I've decided to explore the nightmare of homelessness in Las Vegas from a first-hand perspective. I'm boarding a Greyhound bus on the morning of May 5th, and will be arriving in the downtown of your "great city" early the next day. For two weeks, I will attempt to live and work utilizing only the resources available to the homeless. Will I have enough to eat? Will I be able to find shelter? If I linger too long near a tourist cash trap without spending money, will your goons arrest me, beat me, or submit me to a local military installation for chemical experimentation? These are the questions I seek to answer.
FYI, in late 2005, I proposed the above project to several major network affiliates in Las Vegas, and two (NBC and FOX) expressed the desire to cover it. However, I delayed my experiment indefinitely, in part because a number of friends and loved ones convinced me that my life would be in real peril. That fact has not changed, but my resolve is now absolute. I'm going to live homeless in the Godforsaken kingdom over which you rule, and tell the whole world exactly what happens.
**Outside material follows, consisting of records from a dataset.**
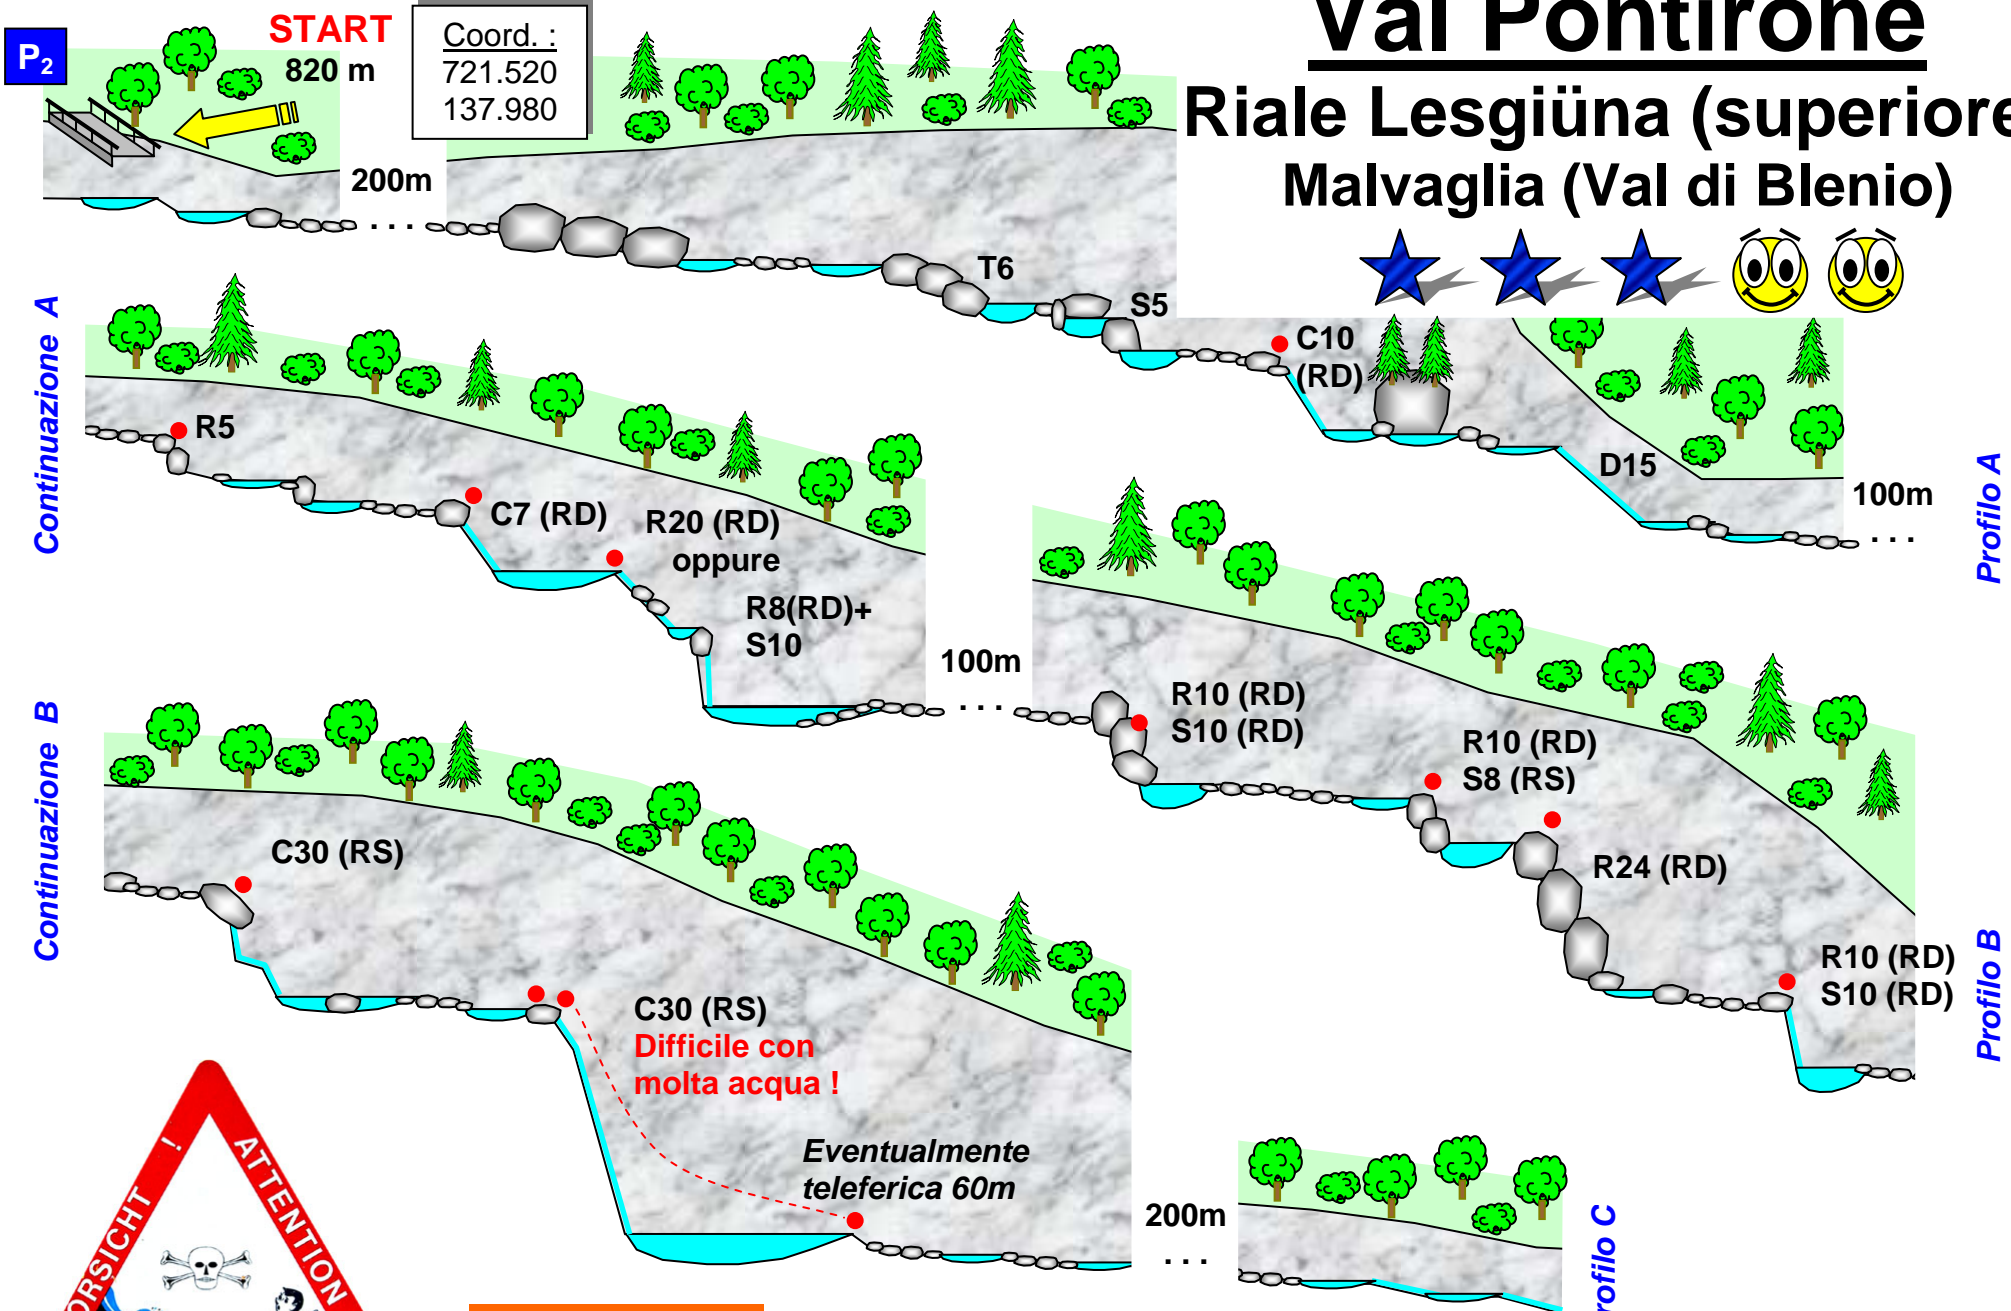

# Val Pontirone

## Riale Lesgiüna (superiore) Malvaglia (Val di Blenio)

Carta 1:25000  
BIASCA 1273

Vedi Pontirone  
inferiore

20.5.2004

L'autore declina ogni responsabilità in caso di cattiva interpretazione o di errori contenuti in questo documento

Continuazione C

Profilo D

Continuazione D

Profilo E

Continuazione E

Vedi Pontirone inferiore

**Impianti Idroelettrici**  
**OFIBLE SA**  
Infoline 091 756 66 15

	4a, 3b ,IV		3A, 4D
	6 h		350 m
	1,5 h		20 min + 2 min
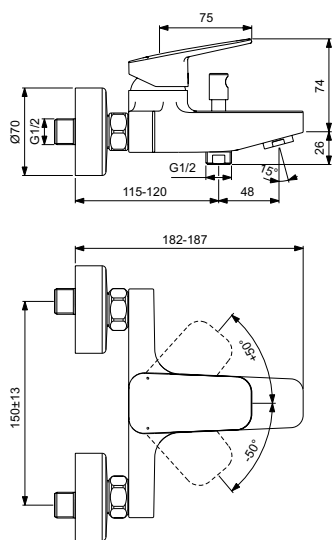

Описание изделия

Ceraplan Настенный смеситель для ванны/душа
Монтаж на стандартных эксцентриках
Металлические накладки
Картридж FirmaFlow 38 мм с функцией HWTC (ограничение максимальной температуры горячей воды)
Без душевого гарнитура
Металлическая рукоятка с индикаторами горячей / холодной воды
Автоматическое переключение
Обратный клапан

Артикул	Пропускная способность, л/мин	* РРЦ вкл. НДС, у.е
BD256AA	20 / 13	224,49

Покрытие / цвет

AA Chrome (Хром)
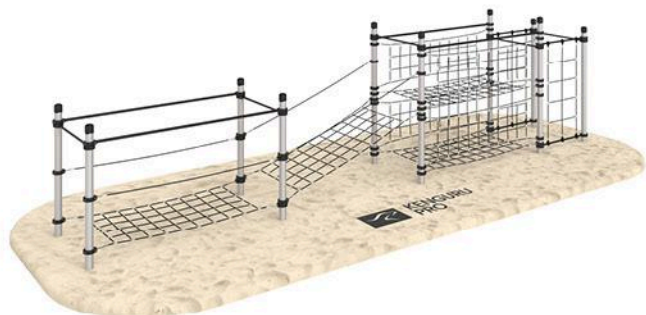

ОТ 10 ДО 35 М²

МАГДАЛЕНА

KIDS-PL-017/AL

Габариты: 10287 × 1471 мм
Площадь: 15,13 м²
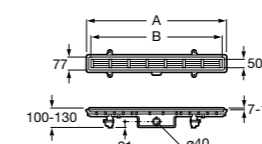

Plate X2

PLATE X2 - Крышка с решёткой для сливного отверстия, совместима с In-Drain Channel.

	A	B
276098000	950 x 50	990 950
276154000	850 x 50	890 850
276097000	750 x 50	790 750
276096000	650 x 50	690 650
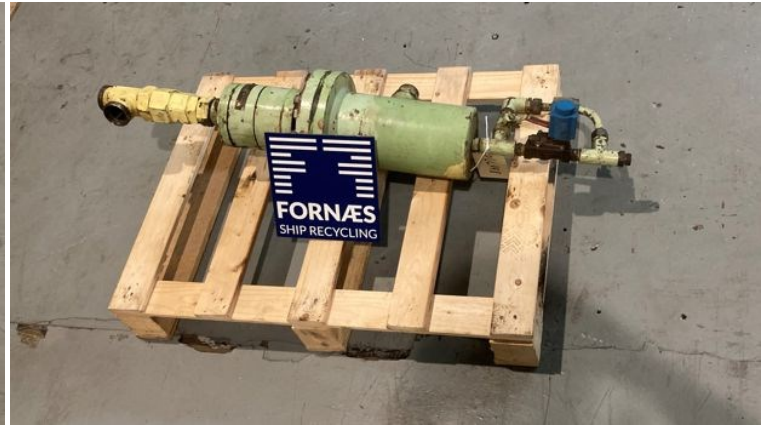

LC448 - Sperre

STATUS

Available

REF. NUMBER

LC448

MANUFACTURE

Sperre

TYPE

KV 48 CD1

VESSEL/ REMARKS

non-retur valve

SERIE NR.

4492

Spette O.no.: 21824
Partno.: 4492
Pc.: 1
NON-RETURN VALVE K/48
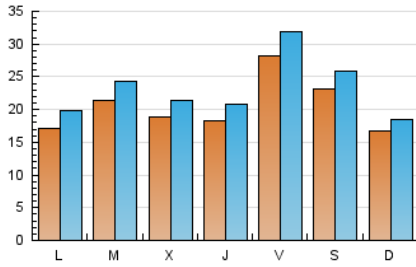

4. Gráficas (Nacional)

4.1 Por día de la semana (promedio)

N. únicos / Visitas (x 100)
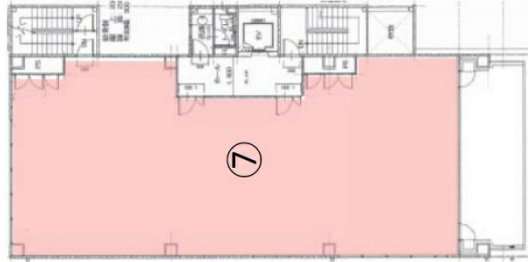

Cesio Daimyo 6階65.08坪

福岡県福岡市中央区大名1-12-8

物件MAP

賃貸条件	
月額賃料	1,301,600円（税別）
坪数	65.08坪
坪単価	20,000円（税別）
共益費	賃料に含む
礼金	無し
敷金（保証金）	10ヶ月
階数	6階
入居可能日	相談

ビル情報	
所在地	福岡県福岡市中央区大名1-12-8
最寄り駅	福岡市営地下鉄空港線 天神駅 徒歩5分
エリア	天神・赤坂エリア
竣工	2007年4月
耐震	新耐震基準
階数	地上6階 地上1階
用途	事務所/店舗
構造	S造

設備情報	
エレベーター	1基
空調	個別空調
OAフロア	その他
基準階天井高	2,700mm
光ファイバー	無し
トイレ	調査中
セキュリティ	無し
駐車場	無し

事務所移転の簡単検索サイト

Quick Service

クイックサービス

Cesio Daimyo 6階65.08坪 福岡県福岡市中央区大名1-12-8

天神・赤坂エリア（ビルID：0029002）の賃貸オフィス

貸事務所・レンタルオフィス・オフィス移転なら**QuickService**
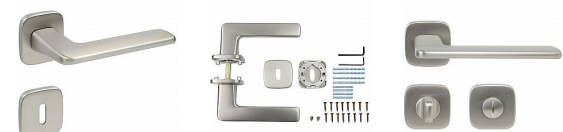

RK.C6.SANREMO rozetové kování matný nikl

» DVEŘNÍ KOVÁNÍ » INTERIÉROVÉ » Rozetové hranaté

Značka	RICHTER
Kód produktu	MP05202-7027
Balení	1 Ks

Zamakové kování na čtvercových rozetách s vratnou pružinou klik

- Použitý materiál vykazuje vysokou pevnost a odolnost povrchu proti opotřebení.
- Přesné opracování hran.
- Praktické 2 sady šroubů, bez nutnosti jejich zkracování pro dveře tloušťky 40 mm.
- Dodáváno pro tloušťku dveří 32-58 mm.
- Balení vč. spojovacího materiálu, vrtací šablony a návodu na montáž.
- V provedení WC, balení obsahuje čtyřhran o velikosti 6 x 6 mm a redukci 6/8 mm.

Hmotnost netto:

- BB/PZ - 0,97 kg

Povrch:

- nikl matný (NIMAT)

Dostupnost sklad SEZAM :

Dostupné sklad dodavatele:

u dodavatele
momentálně nedostupné

RK.C6.SANREMO rozetové kování matný nikel

» DVEŘNÍ KOVÁNÍ » INTERIÉROVÉ » Rozetové hranaté

Parametry

Značka	RICHTER
Barva	Satén nikel, stříbrná

By the way, at least one major network has again expressed interest in covering my exploits, so you would be wise to abort any plans to hunt me down and "disappear" me (a method to which your mob buddies surely well-acquainted you). I'm kind of joking, but then again, I'm not. I take your Hitleresque sociopathy very seriously, and I've no desire to be claimed as another in your city's long line of victims. As Rocky Balboa said, "Some people come to Vegas to lose. I didn't."